A Phone Photo of Dad

A couple of weeks ago I posted this photo of my Dad on my Facebook page, it had a lot of likes and comments.  I love it too.  We were sat in Mum & Dad's lounge looking at the dark brooding sky outside, and I noticed the light on my Dad's face.  I could have left the room to get my camera from the car, but I didn't want to lose this moment, so I quickly reached for my phone and took it.  I often say to folk that it's not all about the fancy gear, it's about that second in time, when the light and moment collide to create that spark. If I had grabbed my camera from the car, the moment would have passed.  Don't get me wrong, I love my cameras, lenses and gadgets, and there are limitations with phone photography, but in this moment, for that second in time, my phone was right.  I guess it's made me quite reflective over the last couple of weeks, and I've been writing this blog post in my head for the last few days.

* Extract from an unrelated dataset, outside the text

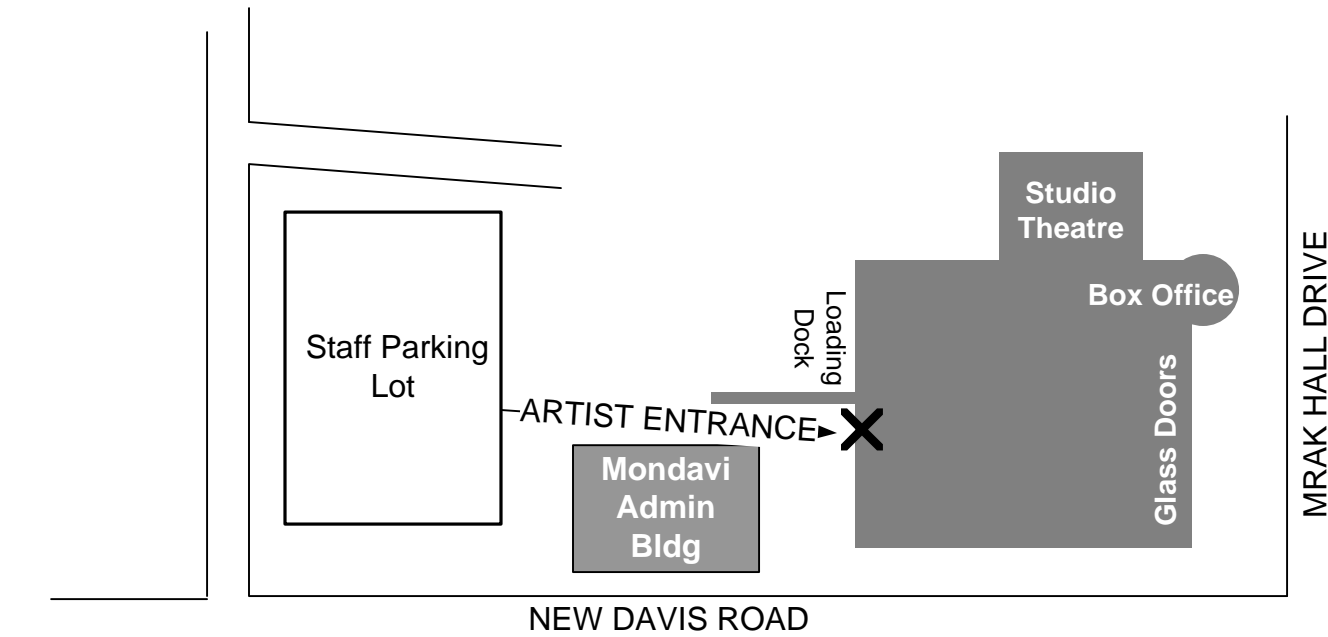

Please use the **artist entrance** on the day of your performance at Mondavi Center. Do not instruct performers to enter through the front doors. The **artist entrance** to the Mondavi Center is located in the **backstage area**. Artists may park in the parking structure across the street and enter through the rear of the building.

DIRECTIONS TO MONDAVI CENTER

From I-80 West (from Sacramento), take the UC Davis/Mondavi Center exit. Turn right onto Old Davis Road and continue north to the parking structure entrance on the right.

From I-80 East (from Bay Area), take the UC Davis/Mondavi Center exit. Turn left onto Old Davis Road and continue north to the parking structure entrance on the right.

From Highway 113 South (from Woodland), take the I-80 east off-ramp towards Sacramento. Take the UC Davis/Mondavi Center Exit near the end of the ramp and turn left onto Old Davis Road. Continue north to the parking structure entrance on the right.

This isn't a maudlin or sad post.  My Dad's my step-dad, my real Dad died when I was 2.   I don't remember him, my Dad now is the man I have known since I was that loud, shouty, cheeky young thing.  It's something I do think about, and when I was younger I used to imagine how things would be living  in a different life.  Me and Dad haven't always seen eye to eye, both being quite stubborn.  But now I can see what an influence he has had on my life.  He works in the woods, he's a tree man, and my love of nature has definitely come from him.  He's really helped me to be the person I am, and he's really inspired me in my business too. He's been self employed since he was in his early 20's - he runs his business with his heart, from his love of trees.  He's authentic and passionate, what you see is what you get.  He's cheeky and has a naughty streak, although his jokes seem to be getting worse.  We don't go for walks altogether as often as we should, but when we do, he still tests me and my sister on all the trees and birds we see.  Just thinking about it makes me nostalgic for those warm summer nights walking in the trees, and by the river watching the trout jumping.

Looking at the photo now, I can see Dad's had a good life.  There's a feeling of contentment, he's led his life how he has wanted.  I can see that cheeky man, the tree man, the sensitive and gentle man.  I'm so pleased I had my phone in my pocket for that moment when all those factors came together.